Exercise directions:
Select from the data all lines with the word "Delock".

Supplied records:
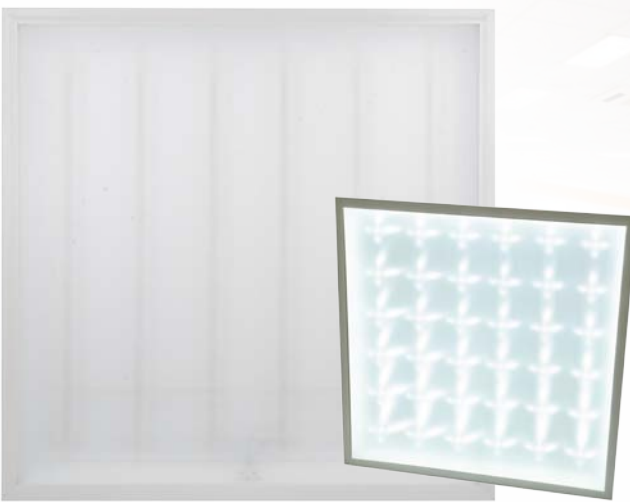

**ВСТРАИВАЕМЫЕ
НАКЛАДНЫЕ
ПОДВЕСНЫЕ**

Uniel

Светодиодные панели для потолков «Армстронг» серия PREMIUM+

**Сделано
в России
5 ЛЕТ ГАРАНТИИ**

**Рекомендованы к использованию
в детских школьных и дошкольных
учреждениях**

**УДОБСТВО ПРИ
МОНТАЖЕ И РЕМОНТЕ!**
для замены драйвера не нужно
разбирать панель, достаточно
отсоединить старый драйвер
от коннектора и присоединить
новый!

ОБЪЕМНЫЙ СВЕТ, 3D ЭФФЕКТ!

РАВНОМЕРНЫЙ СВЕТ!

36 Вт
3600 ЛМ
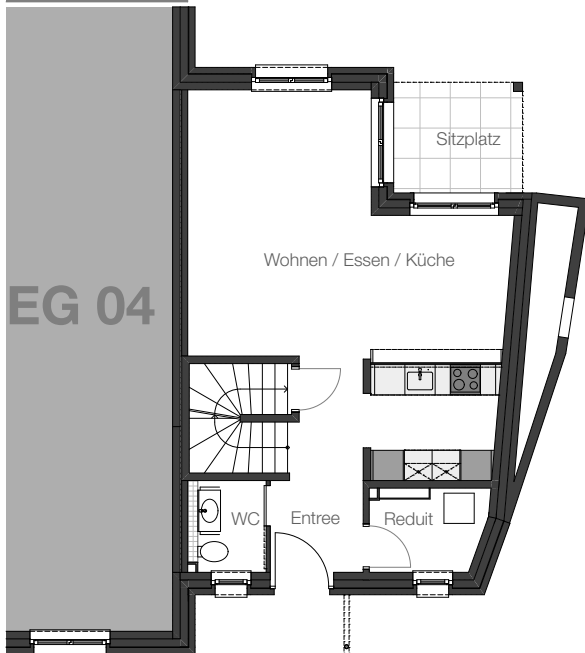

UG, EG & OG 12

3.5 Zimmer-Maisonette-Wohnung Erdgeschoss

Erdgeschoss

Obergeschoss

Wohnfläche	92.20 m ²
Gang / Vorplatz UG	8.90 m ²
Entree / Gang	5.69 m ²
WC	2.79 m ²
Reduit	3.48 m ²
Bad	11.67 m ²
Zimmer 1	14.30 m ²
Zimmer 2	17.71 m ²
Wohnen / Essen / Küche	36.56 m ²
Keller im Untergeschoss	12.06 m ²
Sitzplatz Erdgeschoss	6.22 m ²
Balkon Obergeschoss	5.43 m ²
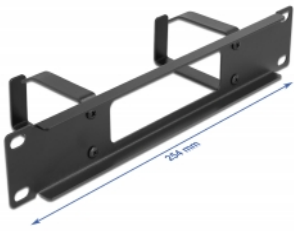

Delock 10" vyvazovací panel pro správu kabelů, s otvorem a dvěma háčky, 1U, černý

Popis

Tento spojovací panel značky Delock je vhodný k instalaci do síťové skříňky rozměru 10".

Správné položení kabelů

Síťové kabely jsou prostě vyvedeny z přední strany na zadní a síťová skříň působí celkově upraveným dojmem.

Háček na vedení kabelů pro optimální správu kabelů

Pomocí pevných háčků lze patch kabely úhledně vést vodorovně.

Přední strana s otvorem

Panel je vybaven otvorem umožňujícím snadný přístup pro kabel.

Číslo produktu 66654

EAN: 4043619666546

Země původu: China

Balení: Box

Technické detaily

- K montáži do síťové skříňky rozměru 10", 1U
- Panel se 2 háčky
- Přední strana s otvorem
- Barva: černá
- Materiál: kov
- Rozměry (DxŠxV): cca. 254,0 x 77,5 x 44,0 mm

Obsah balení

- Spojovací panel rozměru 10"
- 4 x Šroubky
- 4 x klecové matice
- 4 x podložka

Příslušenství

General

Mounting type:	10 in
----------------	-------

Physical characteristics

Materiál:	kov
Délka:	254,0 mm
Width:	77,5 mm
Height:	44,0 mm
Barva:	černá
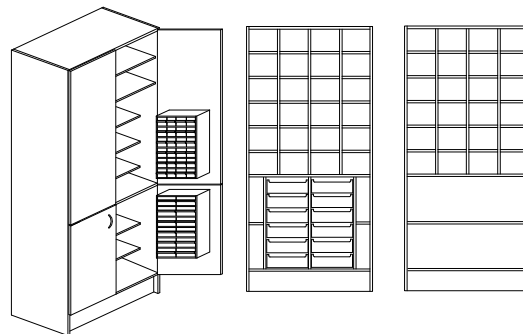

Tillval (pris/styck)

Lika låsning

Tryckcylinderlås - LL 3900.000.04 681:-

Tryckcylinderlås & vridcylinderlås - LL 3900.000.05 1362:-

Olika låsning

Tryckcylinderlås - OL 3900.000.06 681:-

Tryckcylinderlås & vridcylinderlås - OL 3900.000.07 1362:-

Tillval (pris/styck)

*Säkerhetshandtag 835s för Assa/Ruko cylinder 3910.000.00 1247:-

Ställfötter - 4st justermån 25 mm 3911.000.00 335:-
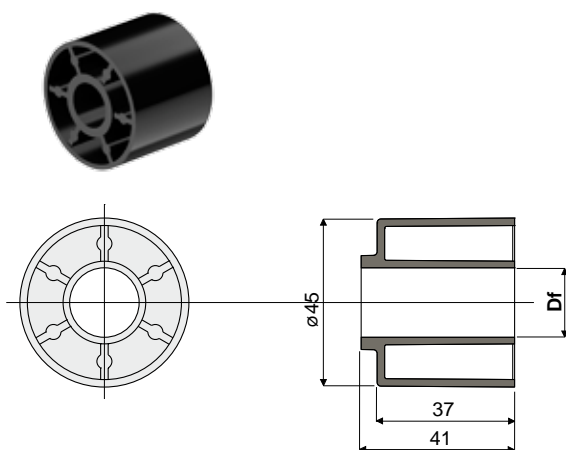

Опорные возвратные ролики

Дет. 270 Ролик для возврата цепей (с фланцем)

Df Отверстие для штыря (mm)	Код
15	270 / 82042
20	270 / 82043

МАТЕРИАЛЫ: Ролик из полиамида черного цвета.

ХАРАКТЕРИСТИКИ: Устанавливается на возвратных участках цепей.

УПАКОВКА: 96 шт.

ПО ЗАПРОСУ:

- Ролики: Со специальными отверстиями, различных цветов.
- Упаковки: Нестандартные.

Пример установки

Дет. 271 Ролик для возврата цепей (без фланца)

Df Отверстие для штыря (mm)	Код
15	271 / 82044
20	271 / 82045

МАТЕРИАЛЫ: Ролик из полиамида черного цвета.

ХАРАКТЕРИСТИКИ: Устанавливается на возвратных участках цепей.

УПАКОВКА: 96 шт.

ПО ЗАПРОСУ:

- Ролики: Со специальными отверстиями, различных цветов.
- Упаковки: Нестандартные.
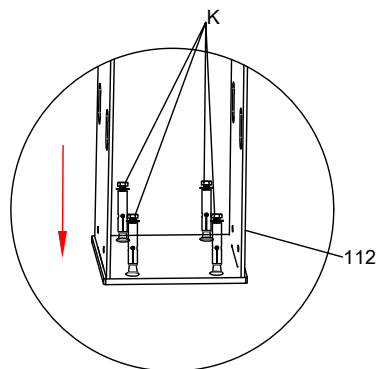

LUXE PERGOLA

3.95 X 3.05 X 2.5M

TOOL LIST

Please have these ready for assembly

LUXE PERGOLA

3.95 X 3.05 X 2.5M

LUXE MAIN PERGOLA

LUXE PERGOLA

3.95 X 3.05 X 2.5M

LUXE PERGOLA

3.95 X 3.05 X 2.5M

STEP 01

LUXE PERGOLA

3.95 X 3.05 X 2.5M

STEP 02

①

②

	50	(x2)
	51	(x2)
	69	(x2)
	M8	C (x12)
	M8*35	B (x4)

LUXE PERGOLA

3.95 X 3.05 X 2.5M

STEP 03

or

	M6*20	A	x8
---	-------	---	----

LUXE PERGOLA
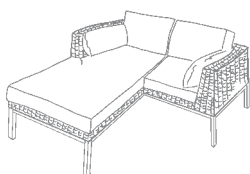

3-Sitzer **Sofa FINN**, 1,5-Sitzer **FINN** und **Tische FINN**. Programm mit kubischen Konturen. Peddigrohr pergament.

FINN. Heißt Wohnföhlvergnügen pur. Als Sofa, Sessel oder als Sofa mit integriertem Longchair. In unterschiedlichen Maßen und Proportionen. Und ausgestattet mit dem Plus an Komfort. Etwa in der Option des stufenlos verstellbares Nackenkissen. Handwerklich perfekt gearbeitet ist der geflochtene Korpus. Kombinationen mit Edelstahl oder wertvollen Massivhölzern – Nussbaum, Kirsche, Kernbuche, Eiche, Ahorn – bilden ausdrucksstarke Kontraste. Tische und Hocker runden das Sortiment zum perfekten Ganzen. Und natürlich die Möglichkeit mit Stoffen und Farben individuell zu kombinieren. Ganz im persönlichen Stil und Ambiente.

FINN. 2,5- und 3-Sitzer auch mit der Komfortvariate Longchair. Peddigrohr pergament.

FINN. Sesselprogramm auch mit Drehteller und als 1,5-Sitzer. Peddigrohr pergament

FINN Produktübersicht / Technische Details

FINN 2,5-Sitzer
Modell 8222

Höhe: 82 cm
Breite: 189 cm
Tiefe: 88 cm
Sitzhöhe: 43 cm
Sitztiefe: 53 cm

FINN 3-Sitzer
Modell 8223

Höhe: 82 cm
Breite: 219 cm
Tiefe: 88 cm
Sitzhöhe: 43 cm
Sitztiefe: 53 cm

FINN XXL
Modell 8234

Höhe: 82 cm
Breite: 239 cm
Tiefe: 98 cm
Sitzhöhe: 43 cm
Sitztiefe: 63 cm

FINN 2,5-Sitzer
Longchair
Modell 8228

Höhe: 82 cm
Breite: 189 cm
Tiefe: 88 cm
Tiefe Longchair: 172 cm
Sitzhöhe: 43 cm
Sitztiefe: 53 cm
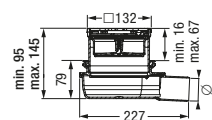

L'ultrapiatto 79

Cod.art. 44 700.20

Cod.art. 44 700.62

Cod.art. 44 700.63

Copertura, classe	Caratteristiche	Cod.art.
DN 50, uscita laterale, copertura 120 × 120 mm		
Feritoia, K 3	—	44 700.20
Kessel, L 15	—	44 700.62
Kessel, L 15	Lock & Lift	44 700.63
Kessel, L 15	Lock & Lift, Megastop	44 700.66
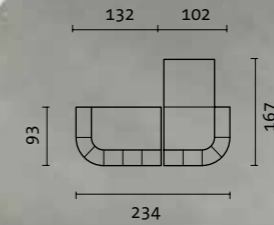

delicate

DIE ECKLÖSUNG OBEN LINKS BESTEHT AUS EINEM ANSTELLSOFA LINKS UND EINEM LONGCHAIR RECHTS. DIE FORMATION UNTEN RECHTS IST GENAU SPIEGELVERKEHRT ZUSAMMENGESTELLT. EINE ETWAS BREITERE BANK SOWIE EIN QUADRATISCHER HOCKER, WIE OBEN RECHTS, ERWEITERN DIE ECKLÖSUNG ZUR LOUNGE-LANDSCHAFT.

THE CORNER SOLUTION ON THE TOP LEFT CONSISTS OF AN ANNEXE SOFA ON THE LEFT AND A LONG CHAIR ON THE RIGHT. THE FORMATION IN THE BOTTOM RIGHT HAS BEEN ARRANGED EXACTLY MIRROR-INVERTED. A SLIGHTLY WIDER BENCH AND A SQUARE STOOL EXTEND THE CORNER SOLUTION INTO A LOUNGING LANDSCAPE, AS SHOWN ON THE TOP LEFT.
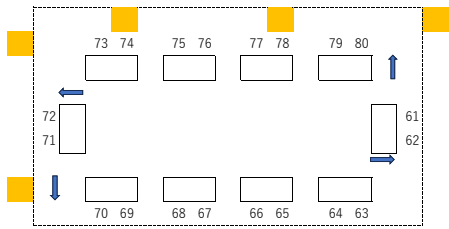

休憩用の席

電源サイト

Ash

東エレベーター
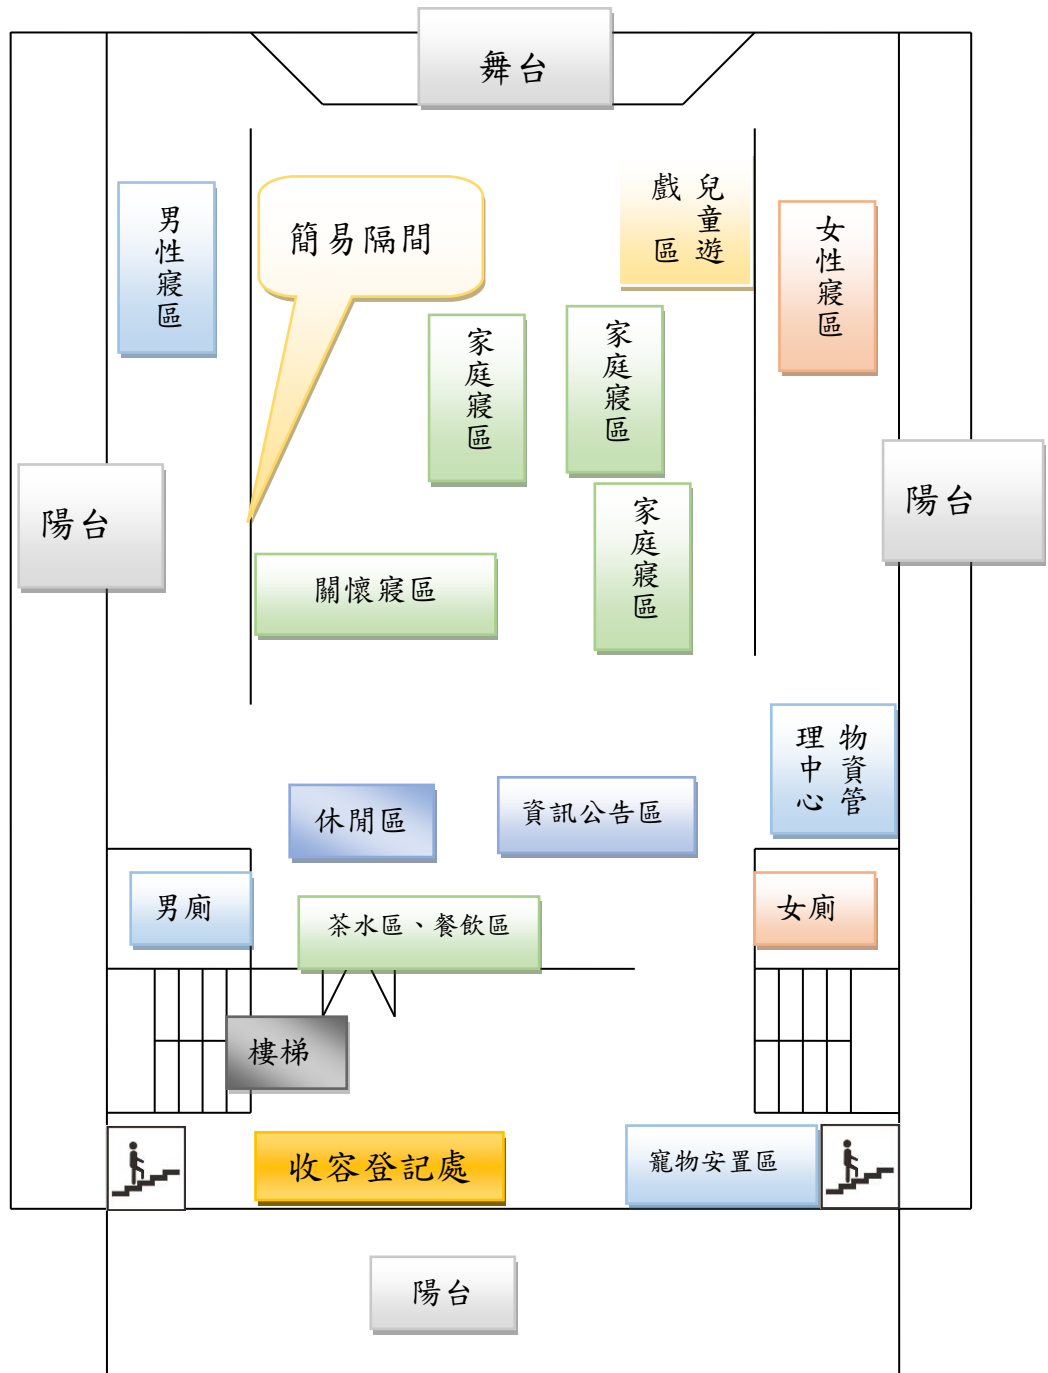

臺中市南屯區大新活動中心 3 樓避難收容處所空間配置圖

大墩十一街64號3樓

東興路三段

臺中市南屯區永定里社區活動中心避難收容處所空間配置圖

南美街 70 號

臺中市南屯區楓樹兒童青少年活動中心避難收容處所空間配置圖

臺中市南屯區惠智公園管理室避難收容處所空間配置圖

1 樓

2 樓

大富街

大墩二一街

518號
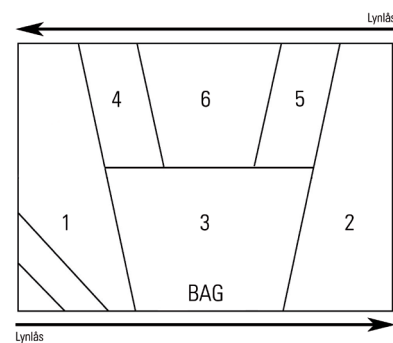

### Vector 6 kamre, 10 cm

Str.	HMI-nr.	1+2	3	4-5	6
3540	43263	115	30	16	25
4040	43264	136	35	18	29
4045	43265	154	40	20	33
4050	43266	172	45	23	37
4343	43267	161	41	21	35
4540	43268	161	43	21	36
4545	43269	182	49	23	41
4550	43270	204	55	26	46
5045	43271	214	58	27	50
5050	43272	239	65	30	56
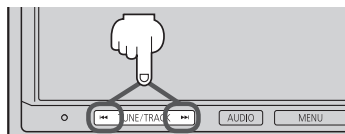

選曲する

CD / SD / USB / iPodモード

1 曲ずつ曲を戻したり進めたりすることができます。

1

◀◀ TUNE/TRACK ▶▶ を押す、
または再生画面の ◀◀ / ▶▶ をタッチする。

：前の曲に戻る、または次の曲に進みます。

(例) CD 再生画面

早戻しする / 早送りする

CD / SD / USB / iPodモード

1

◀◀ TUNE/TRACK ▶▶ を長押しする、
または再生画面の ◀◀ / ▶▶ を長押しする。

：早戻し / 早送りをします。

※それぞれのボタンから手を離れたところで
通常再生を始めます。

(例) CD 再生画面

オーディオを楽しむ
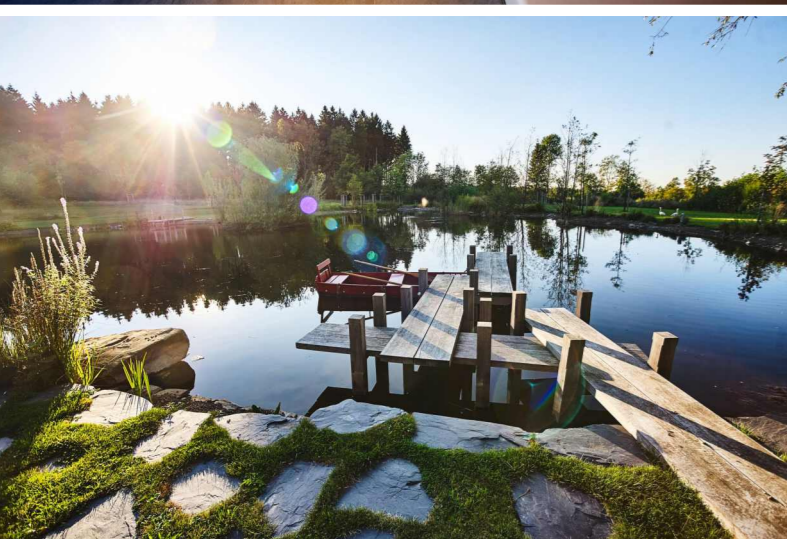

Nos activités sont multiples et c'est notre force. Dans le cadre de tous nos chantiers, nous dessinons et réalisons tout en interne de A à Z : les plans, le terrassement, les terrasses, les escaliers, les pelouses et plantations ou encore les clôtures, systèmes d'arrosage automatique, les égouttages, les portails, les carport, l'éclairage et depuis quelques années les piscines. Grâce à la nouvelle technique du 3D nous présentons le projet tel qu'il sera une fois réalisé.

ESPACES VERTS

Un beau jardin pour se ressourcer, se détendre et profiter de la nature.

Créer et entretenir un jardin, c'est travailler au rythme des saisons. Notre équipe d'horticulteurs, jardiniers et architectes paysagistes est au service de vos projets d'entretien ou d'aménagement d'espaces verts privés ou professionnels. C'est en hiver, lorsque la sève est descendue, que nos équipes horticoles connaissent leur pic d'activité !

Result of this exercise:
Delock 10" vyvazovací panel pro správu kabelů, s otvorem a dvěma háčky, 1U, černý
Tento spojovací panel značky Delock je vhodný k instalaci do síťové skříňky rozměru 10".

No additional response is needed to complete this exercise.